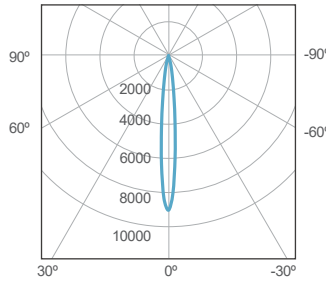

T365 Tuna Sun LED Track Grow Light

Full Spectrum, Tunable CCT, High Yield

| | |
|-----------------------------------|---|
| Power Consumption | 85WAC Max. |
| Input Voltage | 120VAC / 60Hz |
| LED Source | DiCon's Dense Matrix LED |
| Dimensions (w/ barndoors) | L12 1 ⁹ / ₃₂ " x W 8 1 ³ / ₆₄ " x H 11 1 ⁹ / ₃₂ " L320mm x W208 mm x H295 mm |
| Dimensions (w/o barndoors) | L 8 1 ³ / ₃₂ " x W 8 1 ³ / ₆₄ " x H 7 1 ¹ / ₂ " L213mm x W208 mm x H190 mm |
| Light Body Material/Finish | Plastic / Black or White |
| Weight (w/ barndoors) | 4.08 lbs / 1.85 kg |
| Weight (w/o barndoors) | 3.57 lbs / 1.62 kg |
| Thermal | Advanced Heat Sink Cooling |
| Heat Value | 232.55 BTU/hr |
| Acoustic Noise | < 21dB |
| Operating Temp | 32 - 104°F / 0° - 40°C |
| Color Temperature | 6,000K - 9,000K |
| Dimming | 2 - 100% |
| Control | Manual, DMX |
| Display | OLED Screen |
| Installation | EUTRAC Track |
| Applications | Living Walls, Public Aquariums, Aquaculture |

OPTICAL SPECTRUM

LIGHT DISTRIBUTION IN LUX

BEAM PROFILE

T365 5" Zoom Lens / Flood

Beam Angle ϕ : 36.3°

T365 5" Zoom Lens / Focus

Beam Angle ϕ : 11.9°

ILLUMINATION TABLE

ILLUMINATION CHART

MECHANICAL DIMENSIONS

BEAM ANGLE & CENTER LUX COMPARISON

| Product | Beam Angle | Field Angle | Center Lux Ratio |
|---------------------------|------------|-------------|------------------|
| T365 5" Zoom Lens / Flood | 36.3° | 60.6° | 100% |
| T365 5" Zoom Lens / Focus | 11.9° | 30.0° | 364% |

_ _ _ _ _ _ _

# [YOUR OBJECTIVE]
In the listing above, find the line holding "BEAM PROFILE" and the line holding "Lux Ratio |", then output those two lines and every line between them exactly.

# [SOLUTION FOR THIS EXERCISE]
BEAM PROFILE

T365 5" Zoom Lens / Flood

Beam Angle ϕ : 36.3°

T365 5" Zoom Lens / Focus

Beam Angle ϕ : 11.9°

ILLUMINATION TABLE

ILLUMINATION CHART

MECHANICAL DIMENSIONS

BEAM ANGLE & CENTER LUX COMPARISON

| Product | Beam Angle | Field Angle | Center Lux Ratio |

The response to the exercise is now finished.